### Provided entries

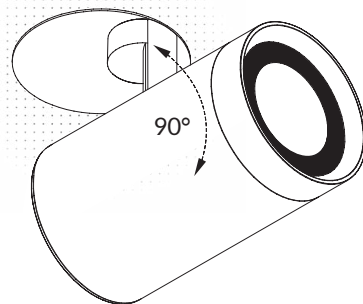

TERES EXTE CEILING
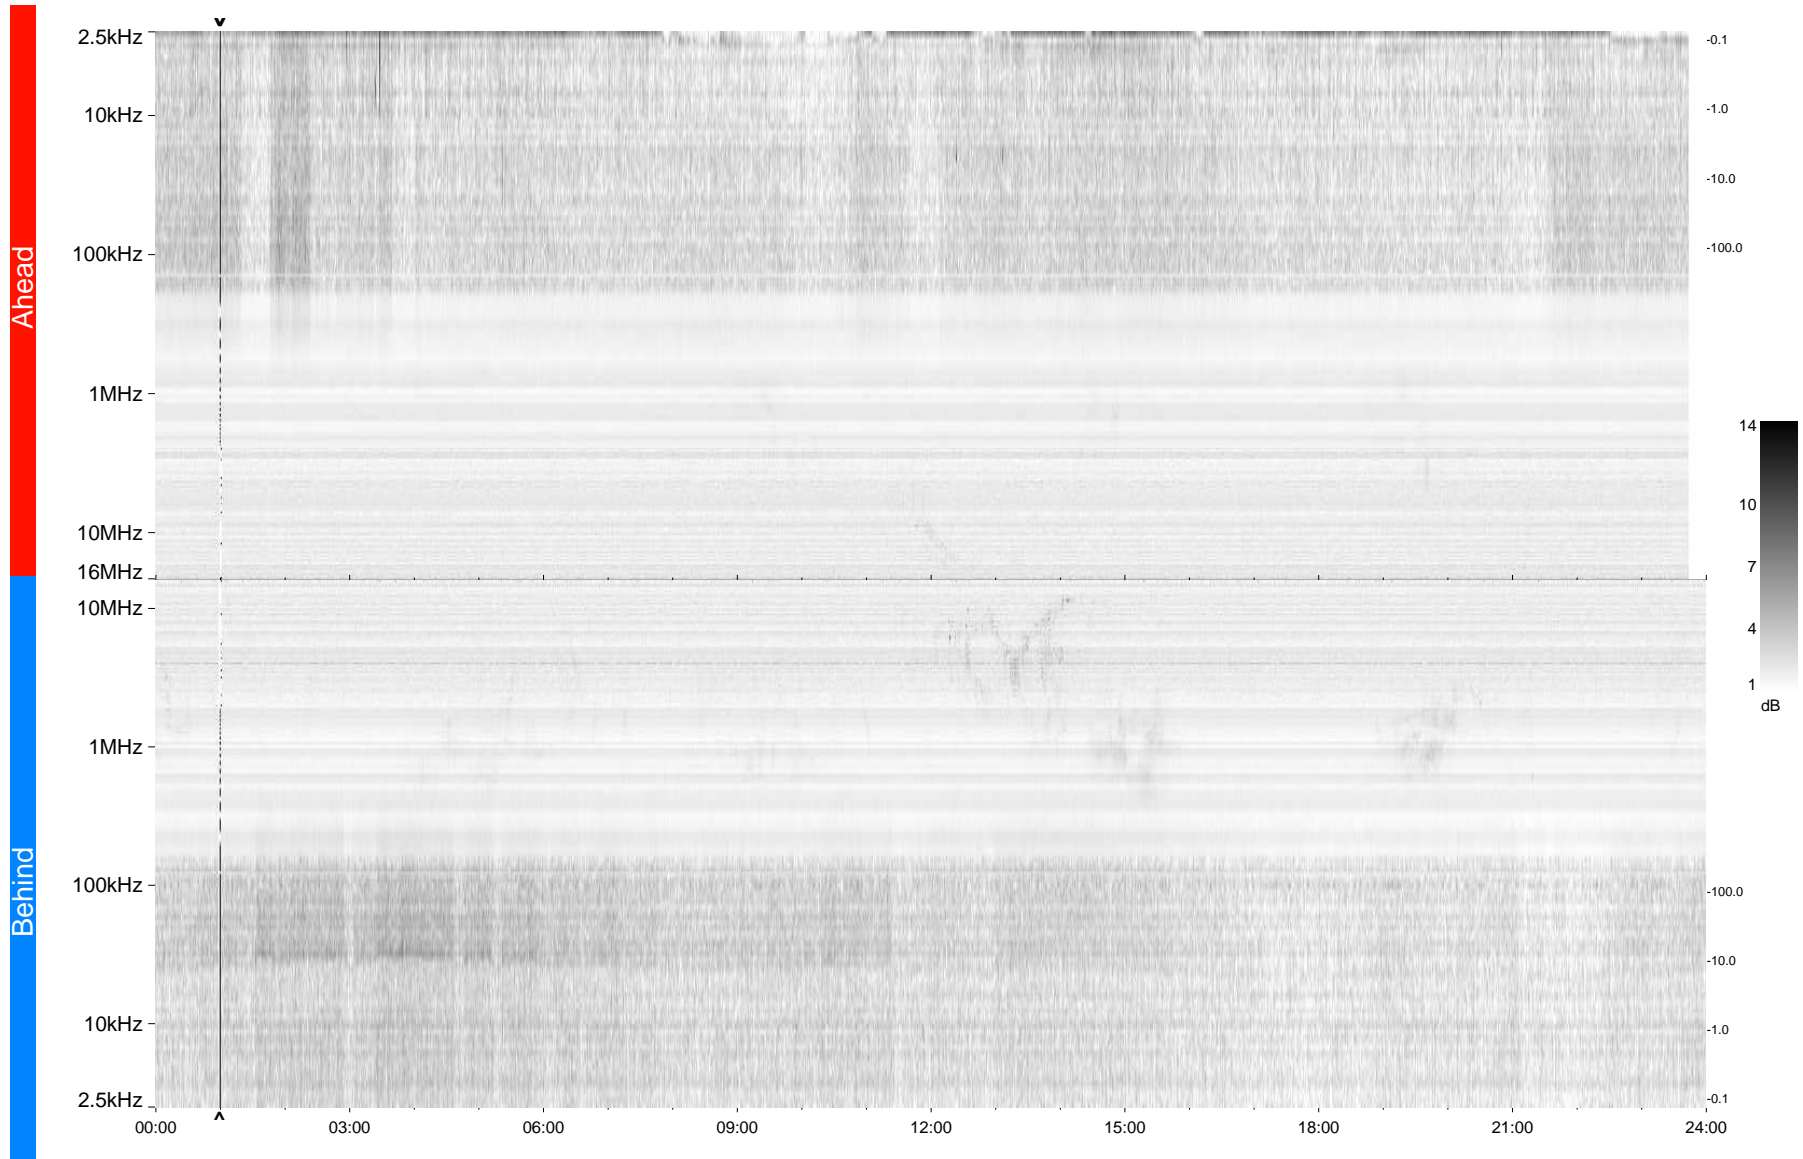

STEREO/WAVES Daily Summary - 05-Oct-2009 (DOY 278)

Ahead source file = swaves_ahead_2009_278_1_04.fin
Ahead PSE Angle = xxx.x

Behind PSE Angle = xxx.x
Behind source file = swaves_behind_2009_278_1_04.fin

Time (UTC)
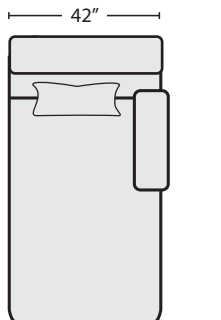

CREAM RAF POWER CHAISE W/USB
#355717 $850.00 QTY_____
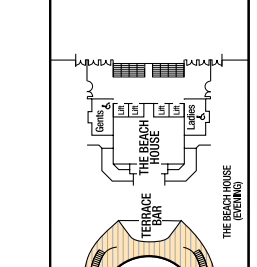

Note:

All upper berths in twin cabins are accessible via a ladder. When upper berths are in use lower berths cannot be converted to a double. Balconies in the forward section of the ship can be overlooked by the bridge.

BE Suites: D105 and D106 are large suites consisting of two bedrooms, two bathrooms with bath and shower, a lounge and a large balcony. These suites are suitable for sharing couples or families.

B5 Suites: Please note that suites L106 and L107 do not feature a dressing area, and they have a standard bath with a fixed shower attachment. They have a metal fronted balcony and a view over the observation deck area.

SPORTS DECK

SUN DECK

LIDO DECK

RIVIERA DECK

A DECK

B DECK

C DECK

D DECK

######

Task description:
Output the number of lines in the records above that contain the string "with", and no other text.

Answer section:
2